━━━━━ Dataset extract ━━━━━
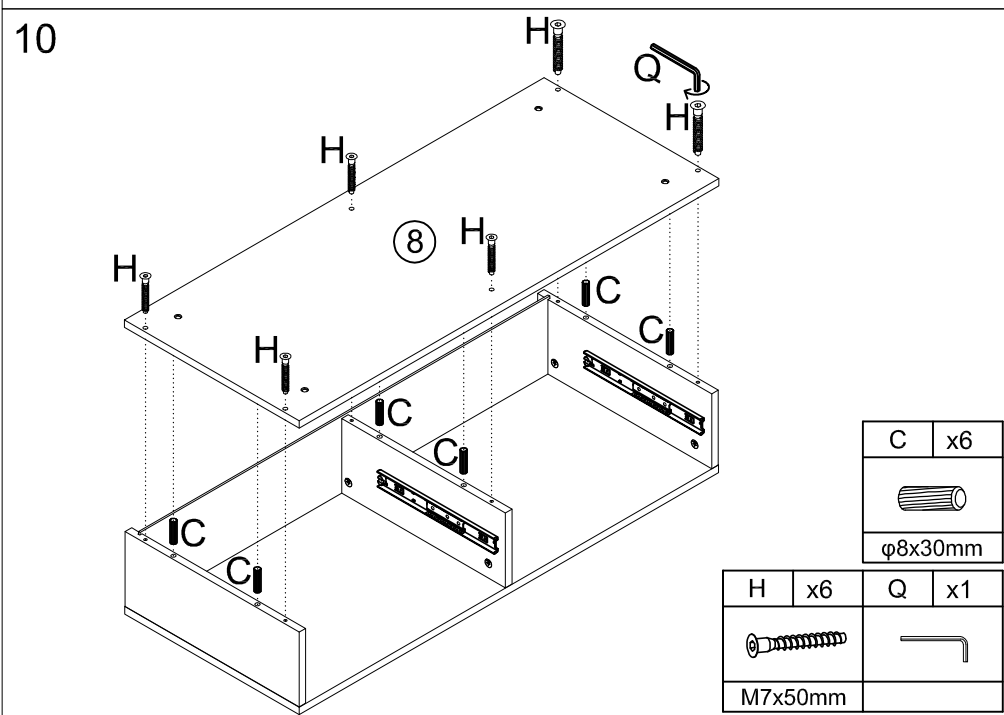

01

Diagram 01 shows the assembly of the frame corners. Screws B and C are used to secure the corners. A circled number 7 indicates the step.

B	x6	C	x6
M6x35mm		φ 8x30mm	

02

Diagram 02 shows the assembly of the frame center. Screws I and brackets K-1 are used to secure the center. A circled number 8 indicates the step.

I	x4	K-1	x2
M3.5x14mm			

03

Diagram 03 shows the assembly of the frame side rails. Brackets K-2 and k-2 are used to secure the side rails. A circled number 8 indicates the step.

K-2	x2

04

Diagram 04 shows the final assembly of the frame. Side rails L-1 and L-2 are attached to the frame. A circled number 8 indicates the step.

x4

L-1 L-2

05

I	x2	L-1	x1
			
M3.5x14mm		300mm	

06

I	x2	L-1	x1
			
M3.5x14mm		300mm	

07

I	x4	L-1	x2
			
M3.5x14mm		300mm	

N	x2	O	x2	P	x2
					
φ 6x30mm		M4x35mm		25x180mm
━━━━━
━━━━━ Dataset extract ━━━━━
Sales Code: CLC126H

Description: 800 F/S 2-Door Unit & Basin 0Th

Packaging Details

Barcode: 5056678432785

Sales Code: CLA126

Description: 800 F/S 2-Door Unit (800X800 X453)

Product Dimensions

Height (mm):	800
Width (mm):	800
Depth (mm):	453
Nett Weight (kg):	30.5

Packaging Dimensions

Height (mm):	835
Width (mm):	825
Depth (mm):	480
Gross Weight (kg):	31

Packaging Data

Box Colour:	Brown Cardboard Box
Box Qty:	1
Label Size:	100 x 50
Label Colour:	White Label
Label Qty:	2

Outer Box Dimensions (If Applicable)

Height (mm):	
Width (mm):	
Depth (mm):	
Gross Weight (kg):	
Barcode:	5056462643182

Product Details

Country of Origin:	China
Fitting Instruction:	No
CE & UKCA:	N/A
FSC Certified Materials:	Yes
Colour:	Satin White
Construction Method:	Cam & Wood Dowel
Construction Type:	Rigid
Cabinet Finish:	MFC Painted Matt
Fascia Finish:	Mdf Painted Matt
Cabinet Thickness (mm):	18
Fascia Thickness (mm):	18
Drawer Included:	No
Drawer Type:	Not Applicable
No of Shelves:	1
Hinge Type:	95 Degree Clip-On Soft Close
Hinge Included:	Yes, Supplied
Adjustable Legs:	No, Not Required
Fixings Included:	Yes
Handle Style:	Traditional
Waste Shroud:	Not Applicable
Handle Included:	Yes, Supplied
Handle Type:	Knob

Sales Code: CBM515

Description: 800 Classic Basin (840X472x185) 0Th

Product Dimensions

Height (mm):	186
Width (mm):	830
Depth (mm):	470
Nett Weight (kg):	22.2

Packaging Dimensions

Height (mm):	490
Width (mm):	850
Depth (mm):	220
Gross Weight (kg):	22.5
━━━━━
Filter the entries down to the lines that hold "Fascia". Copy those lines.

Answer box>
Fascia Finish:	Mdf Painted Matt
Fascia Thickness (mm):	18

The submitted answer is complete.